5. Differential pressure transmitter construction:

A differential pressure transmitter has three functional parts.

1) Direct Pressure sensing element (located in the lower housing).
The majority of industrial DP Transmitters are fitted with diaphragm as the pressure sensing element. This diaphragm is a mechanical device. It is placed in between the two pressure inlet ports. The diaphragm will be deflected by the applied pressure.

This is clarified in Fig-7. This deflection is converted into an electrical signal. This is normally done by the sensors. The commonly used sensors are (a) Strain Gauge (b) Differential Capacitance (c) Vibrating wire. The sensor output is proportional to the applied pressure.

DP-Article-Fig-7

2) Electronic Unit: The electrical signal generated at the lower chamber by the sensor is in the range of milli-volt only.
This signal is to be amplified to 0-5V or 0-10V range or is to be converted to 4-20mA for onward transmission to a remote instrument. This upper housing is the Transmitter portion of the DP Transmitter which houses the Electronic Unit. See Fig-7 for further clarifications.

3) 2-Wire 4-20mA Current Transmitter:
A DC output current is generated which is directly proportional to the pressure range of the Differential Pressure Transmitter. The lower range is 4mA, and the upper range is 20mA. This controlled current output is not affected by load impedance variation and supply voltage fluctuations. This 4-20mA output is superimposed with digital communications of BRAIN or HART FSK protocol.

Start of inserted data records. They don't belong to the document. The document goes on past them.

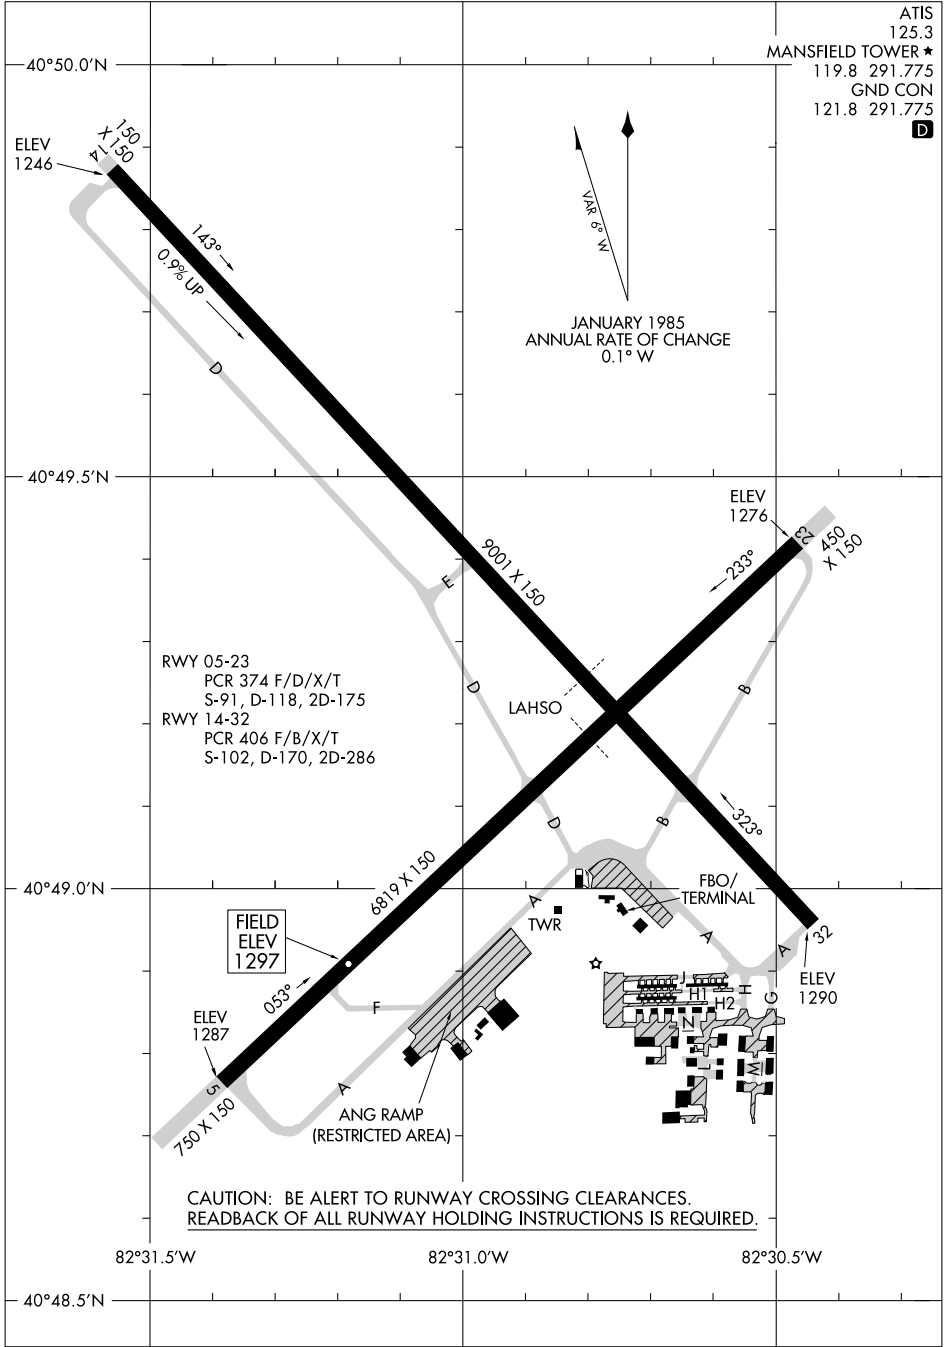

AIRPORT DIAGRAM

AL-860 (FAA)

MANSFIELD LAHM RGNL (MFD)
MANSFIELD, OHIO

ATIS 125.3
 MANSFIELD TOWER ★ 119.8 291.775
 GND CON 121.8 291.775

EC-2, 14 MAY 2026 to 11 JUN 2026

EC-2, 14 MAY 2026 to 11 JUN 2026

AIRPORT DIAGRAM

MANSFIELD, OHIO
MANSFIELD LAHM RGNL (MFD)
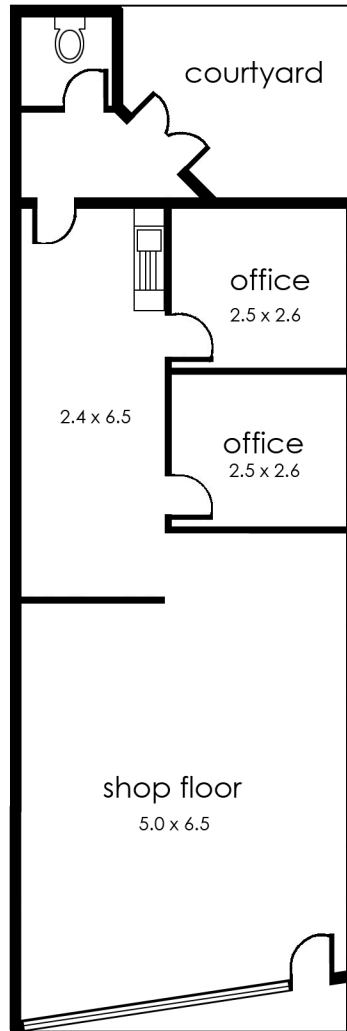

Total area
approx: 67.6sqm

73 Anne Road, Knoxfield

© Produced by DND Floor Plans
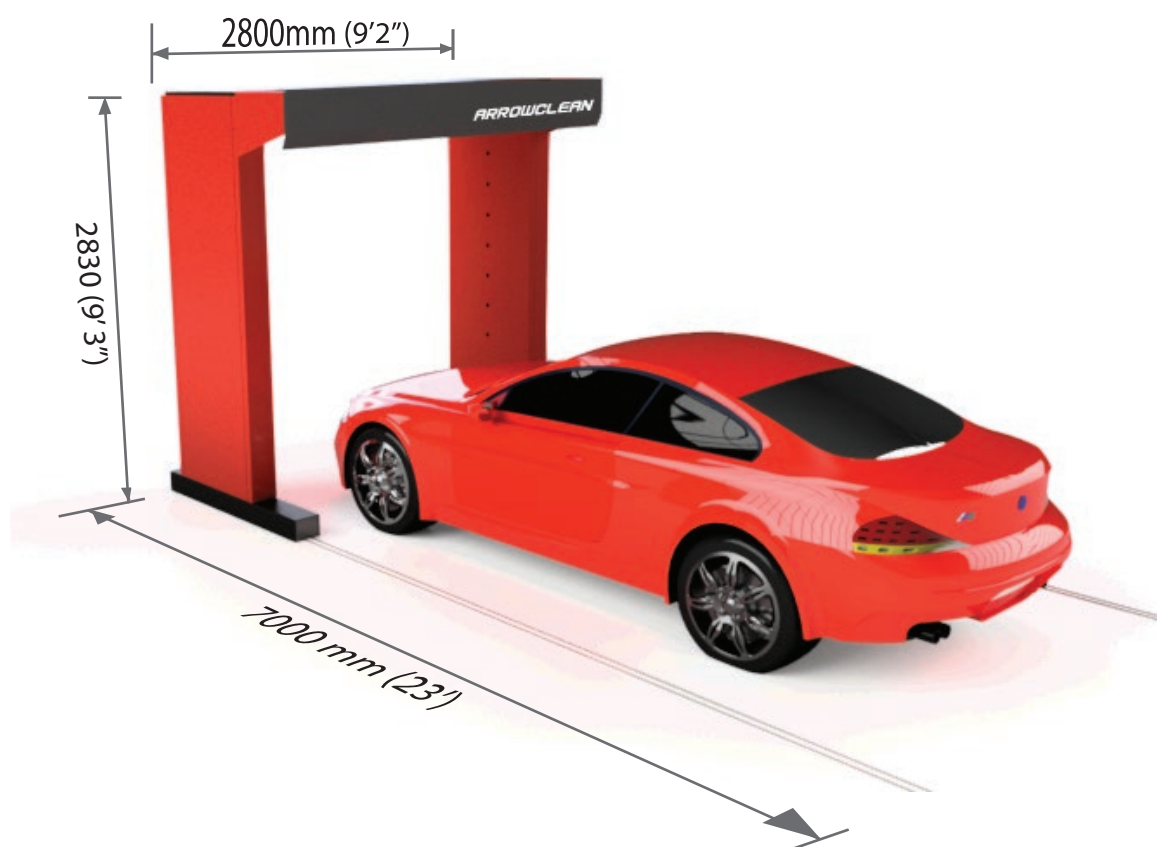

Colour Options

Default

Equipment Dimensions that Fit almost Anywhere

Electricity

Standard

Connection : 230 V AC 50 Hz
Connected Load : 1.5 hp / 1.1kW

With High Pressure Addon

Connection : 415V AC 50 Hz 3 Phase
Connected Load : 11.5 hp / 8 kW

6. Industrial applications of Differential Pressure Transmitters:

There are unlimited industrial applications of Differential Pressure Transmitters.

Water and effluent treatment plants. It is largely used to monitor filters in these plants.
It is used to monitor Sprinkler Systems.
Remote sensing of Heating Systems for Steam or Hot Water.
Pressure drops across valves can be monitored.
Pump control Monitoring.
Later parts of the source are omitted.